Raw data below:

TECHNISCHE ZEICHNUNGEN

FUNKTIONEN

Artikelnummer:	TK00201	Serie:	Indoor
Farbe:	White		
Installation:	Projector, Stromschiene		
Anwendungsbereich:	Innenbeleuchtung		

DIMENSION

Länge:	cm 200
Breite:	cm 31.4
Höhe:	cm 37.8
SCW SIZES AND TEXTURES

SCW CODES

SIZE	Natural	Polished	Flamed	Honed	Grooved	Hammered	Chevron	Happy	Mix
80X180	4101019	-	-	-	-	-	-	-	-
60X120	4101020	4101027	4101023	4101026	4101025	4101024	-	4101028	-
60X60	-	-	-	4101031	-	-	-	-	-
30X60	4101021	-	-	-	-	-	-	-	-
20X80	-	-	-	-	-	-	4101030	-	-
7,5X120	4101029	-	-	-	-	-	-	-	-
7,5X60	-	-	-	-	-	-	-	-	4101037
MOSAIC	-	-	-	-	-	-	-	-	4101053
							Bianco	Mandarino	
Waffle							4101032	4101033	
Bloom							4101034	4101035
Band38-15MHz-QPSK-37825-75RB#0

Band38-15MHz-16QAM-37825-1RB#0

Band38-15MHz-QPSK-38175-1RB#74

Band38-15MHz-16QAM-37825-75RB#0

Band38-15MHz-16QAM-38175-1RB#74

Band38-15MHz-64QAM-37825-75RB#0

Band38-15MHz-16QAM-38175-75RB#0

End of Raw data.
Raw data below:

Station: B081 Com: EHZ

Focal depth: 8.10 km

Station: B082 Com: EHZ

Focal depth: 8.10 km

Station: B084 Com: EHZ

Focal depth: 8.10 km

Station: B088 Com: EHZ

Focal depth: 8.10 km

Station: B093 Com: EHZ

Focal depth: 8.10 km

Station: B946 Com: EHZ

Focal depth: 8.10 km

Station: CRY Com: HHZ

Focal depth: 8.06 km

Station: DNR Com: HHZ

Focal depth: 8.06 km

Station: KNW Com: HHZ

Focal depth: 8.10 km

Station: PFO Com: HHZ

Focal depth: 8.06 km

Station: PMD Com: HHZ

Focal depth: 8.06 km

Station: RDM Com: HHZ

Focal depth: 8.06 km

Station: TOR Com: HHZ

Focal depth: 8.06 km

End of Raw data.

# [Problem to work on]
Which lines in the records above hold the string "QPSK"? Copy each of them.

# [Solution]
Band38-15MHz-QPSK-37825-75RB#0
Band38-15MHz-QPSK-38175-1RB#74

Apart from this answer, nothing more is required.